Opinion
May 12, 1994
Appeal from the Supreme Court, New York County (Edward Lehner, J.).
Plaintiff failed to make out a prima facie case of "serious injury" within the meaning of Insurance Law § 5102 (d). Although both of her physicians predicted that her scar, restriction of movement, and tenderness in the right knee and cervical sprain would be permanent, neither suggested that such injuries amount to a permanent loss of a bodily organ or system, as plaintiff claims. Nor was there any competent medical evidence to support plaintiff's claim that she sustained a significant limitation of use of a body organ or member. While plaintiff's physicians indicated that she had restricted movement in her head, neck, back and right knee, they did not indicate the extent thereof, and the claim was contradicted by defendant's physicians, one of whom found no restriction and the other only a moderate limitation that plaintiff caused voluntarily. Even assuming that a restriction were demonstrated, plaintiff failed to raise an issue that it was "significant" within the meaning of the statute (see, Waldman v. Dong Kook Chang, 175 A.D.2d 204).

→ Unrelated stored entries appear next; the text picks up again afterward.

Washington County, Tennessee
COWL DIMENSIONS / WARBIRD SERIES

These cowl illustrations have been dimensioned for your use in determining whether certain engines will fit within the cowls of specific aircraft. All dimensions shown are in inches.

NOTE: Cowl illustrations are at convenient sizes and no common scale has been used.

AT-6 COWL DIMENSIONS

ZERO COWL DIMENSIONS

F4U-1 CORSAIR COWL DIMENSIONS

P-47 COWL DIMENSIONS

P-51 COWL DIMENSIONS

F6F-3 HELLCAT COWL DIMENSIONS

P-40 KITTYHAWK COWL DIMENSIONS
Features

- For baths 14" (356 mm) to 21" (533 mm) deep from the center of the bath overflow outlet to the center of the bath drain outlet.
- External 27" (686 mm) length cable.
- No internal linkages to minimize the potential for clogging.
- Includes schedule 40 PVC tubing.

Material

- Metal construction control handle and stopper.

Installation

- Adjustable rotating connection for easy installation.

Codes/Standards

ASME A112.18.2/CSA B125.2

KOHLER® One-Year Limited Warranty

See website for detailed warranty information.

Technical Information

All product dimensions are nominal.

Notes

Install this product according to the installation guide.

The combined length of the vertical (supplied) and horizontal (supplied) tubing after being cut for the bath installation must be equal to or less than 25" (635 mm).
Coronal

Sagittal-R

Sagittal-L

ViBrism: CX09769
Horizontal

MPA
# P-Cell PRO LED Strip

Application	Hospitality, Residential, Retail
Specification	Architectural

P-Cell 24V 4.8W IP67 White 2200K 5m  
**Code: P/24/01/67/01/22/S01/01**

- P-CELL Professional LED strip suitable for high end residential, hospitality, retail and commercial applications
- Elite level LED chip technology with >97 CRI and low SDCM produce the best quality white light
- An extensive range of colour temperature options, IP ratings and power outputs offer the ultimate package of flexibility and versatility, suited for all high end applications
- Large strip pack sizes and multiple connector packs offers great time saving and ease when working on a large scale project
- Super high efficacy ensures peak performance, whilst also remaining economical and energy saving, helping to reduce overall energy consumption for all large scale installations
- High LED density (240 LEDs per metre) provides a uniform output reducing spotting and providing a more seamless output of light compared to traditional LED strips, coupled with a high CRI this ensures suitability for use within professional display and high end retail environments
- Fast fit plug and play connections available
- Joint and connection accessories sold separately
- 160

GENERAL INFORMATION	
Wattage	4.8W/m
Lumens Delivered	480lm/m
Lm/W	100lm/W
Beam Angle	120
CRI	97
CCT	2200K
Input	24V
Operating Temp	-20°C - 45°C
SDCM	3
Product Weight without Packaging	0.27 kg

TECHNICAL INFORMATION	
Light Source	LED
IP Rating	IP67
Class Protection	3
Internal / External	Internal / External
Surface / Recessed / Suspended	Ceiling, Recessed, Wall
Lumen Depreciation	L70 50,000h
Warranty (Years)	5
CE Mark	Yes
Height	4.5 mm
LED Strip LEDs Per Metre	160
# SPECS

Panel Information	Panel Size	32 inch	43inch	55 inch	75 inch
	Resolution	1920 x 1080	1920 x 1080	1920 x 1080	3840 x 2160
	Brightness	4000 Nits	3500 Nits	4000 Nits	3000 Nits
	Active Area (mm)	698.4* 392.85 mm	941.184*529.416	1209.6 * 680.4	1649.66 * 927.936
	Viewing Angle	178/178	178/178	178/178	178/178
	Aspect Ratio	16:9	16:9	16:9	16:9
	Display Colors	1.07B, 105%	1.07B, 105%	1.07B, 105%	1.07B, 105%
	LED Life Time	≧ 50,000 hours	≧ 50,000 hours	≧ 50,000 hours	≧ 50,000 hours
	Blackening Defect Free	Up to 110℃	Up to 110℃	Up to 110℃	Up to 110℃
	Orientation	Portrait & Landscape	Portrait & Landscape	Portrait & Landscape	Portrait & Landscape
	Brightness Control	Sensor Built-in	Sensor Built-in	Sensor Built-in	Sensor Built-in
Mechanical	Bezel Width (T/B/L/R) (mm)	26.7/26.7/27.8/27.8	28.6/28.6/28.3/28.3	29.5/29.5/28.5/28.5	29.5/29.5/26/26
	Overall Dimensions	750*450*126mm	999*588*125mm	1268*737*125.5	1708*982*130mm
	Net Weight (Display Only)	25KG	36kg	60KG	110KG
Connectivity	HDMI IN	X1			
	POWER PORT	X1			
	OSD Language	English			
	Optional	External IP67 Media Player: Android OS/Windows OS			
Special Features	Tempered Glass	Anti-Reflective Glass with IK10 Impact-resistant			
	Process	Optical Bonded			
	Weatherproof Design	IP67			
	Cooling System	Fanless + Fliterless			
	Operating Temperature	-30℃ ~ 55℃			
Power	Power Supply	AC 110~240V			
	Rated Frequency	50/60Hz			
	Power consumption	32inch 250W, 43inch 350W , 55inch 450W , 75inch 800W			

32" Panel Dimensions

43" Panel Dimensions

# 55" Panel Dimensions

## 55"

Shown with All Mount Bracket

Nor did plaintiff raise an issue that the laceration above her right eyebrow is a "significant disfigurement" within the meaning of the statute, i.e., one that "a reasonable person would view * * * as unattractive, objectionable, or as the subject of pity or scorn" (Landsman v. Bunker, 142 A.D.2d 986). While plaintiff's surgeon described the laceration as a permanent "cosmetically significant scar", her treating physician described it as a laceration, defendant's physicians described it as a "two-inch healed laceration within an area of depression" and a "laceration" that "healed with a good cosmetic result", and photocopies of photographs of the laceration bear out the latter descriptions.

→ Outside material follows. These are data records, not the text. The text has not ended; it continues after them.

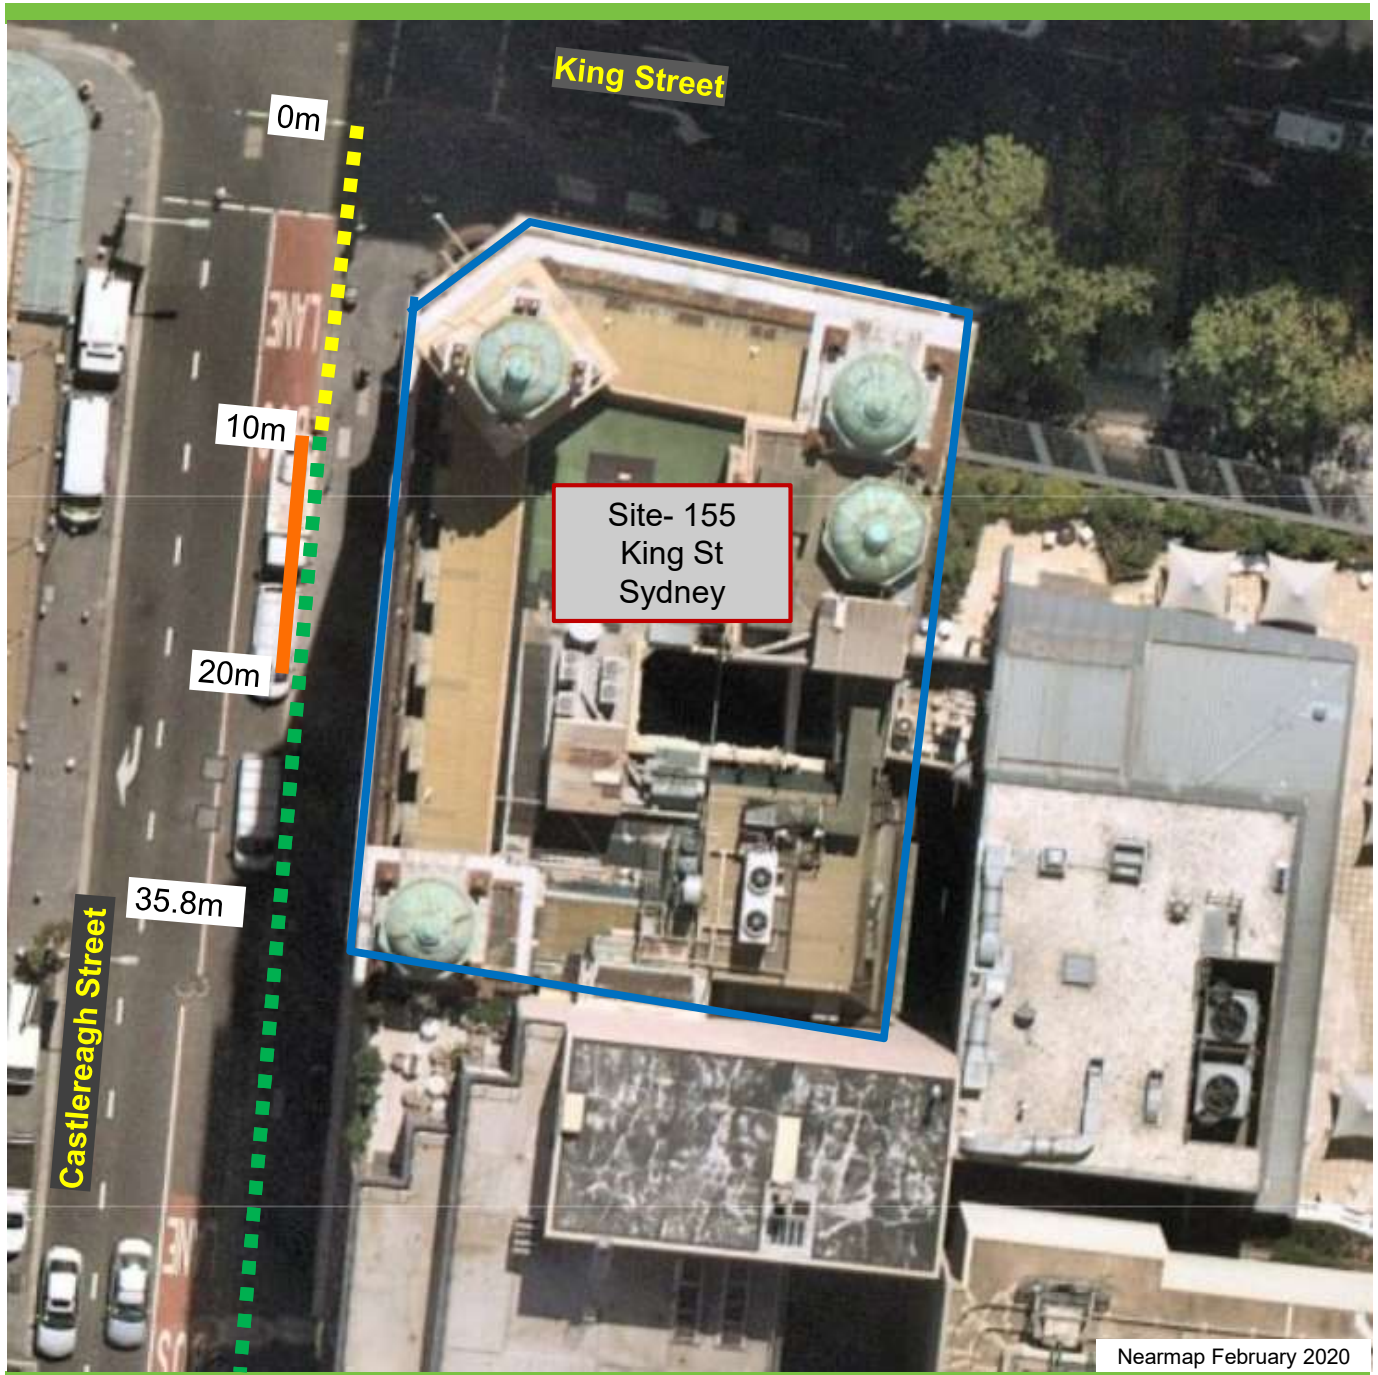

Castlereagh Street, Sydney. Proposed Works Zone

Existing

- ■ ■ No Stopping
- Bus Lane
6am-8pm Mon-Fri
10am-6pm Sat-Sun &
Public Holidays
- ■ ■ Taxi Zone Other Times

Proposed

- Works Zone
7am-2pm Mon-Fri
7am-3pm Sat
- Bus Lane
2-8pm Mon-Fri
3-6pm Sat
10am-6pm Sun & Public Holidays
- Taxi Zone Other Times

Finally, plaintiff's claim that, since the accident, she has been unable to perform her usual daily activities is wholly conclusory. We note that the affidavits of plaintiff's physicians were not accompanied by any exhibits and do not purport to describe the future course of treatments, making their assertions of a serious injury conclusory and insufficient to raise an issue in that regard (see, Lopez v. Senatore, 65 N.Y.2d 1017, 1019-1020).
Concur — Carro, J.P., Wallach, Rubin and Nardelli, JJ.